CANNABIS CULTURE – Marijuana activists are responding to the governing Liberal Party of Canada’s press conference this morning to launch their new task force to investigate and “legalize” marijuana.
The government of Canada has vowed to reform pot laws and assigned a group of “experts” to investigate and come up with a plan by the Spring of 2017, but some activists are questioning the language used at the press conference and the group’s expertise on the issue of marijuana.
“Our message is clear, the law is the law,” Liberal MP Michel Picard said. “It’s important to understand that decriminalization does not meet any of our goals, which are first of all to keep marijuana out of the hands of young people and also removing profits from organized crime.”
Activists expressed worry over the government’s assertion that they will increase criminal penalties for those who don’t play within the rules of the new system, and continue to arrest marijuana distributors until the laws are in place.
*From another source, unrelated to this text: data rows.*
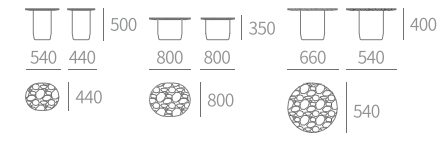

TYPE | A347 - 休闲椅 Leisure chair
SIZE | 950W×1160D×800H

TYPE | A352 - 休闲椅 Leisure chair
SIZE | 720W×1450D×810H

TYPE | LA328A/B - 茶几组合
SIZE | (A) 1280W×1190D×320H
(B) 1280W×1190D×320H

TYPE | LA512 - 茶几组合
SIZE | (白) 660W×540D×400H
(黑) 800W×800D×350H
(蓝) 540W×440D×500H

“For those Canadians who need marijuana for medical reasons they will continue to access it through the legal system that Health Canada has in place,” Picard said. “Commercial sellers of marijuana who are not licensed under the current law are illegal. These storefronts sells untested products that may be unsafe and of particular risk to kids and they are supplied by illegal growers.”
“Continuing to raid dispensaries & arrest harmless people during ‘legalization’ is like arresting gay activists while legalizing gay marriage,” activist Jodie Emery posted on Twitter. “Using the criminal law to arrest harmless people for a victimless activity is unjust. That’s the issue here.”
Why can't legalization include the Amsterdam model? Cannabis shops & cafes where you can access & consume marijuana… That's the way to go!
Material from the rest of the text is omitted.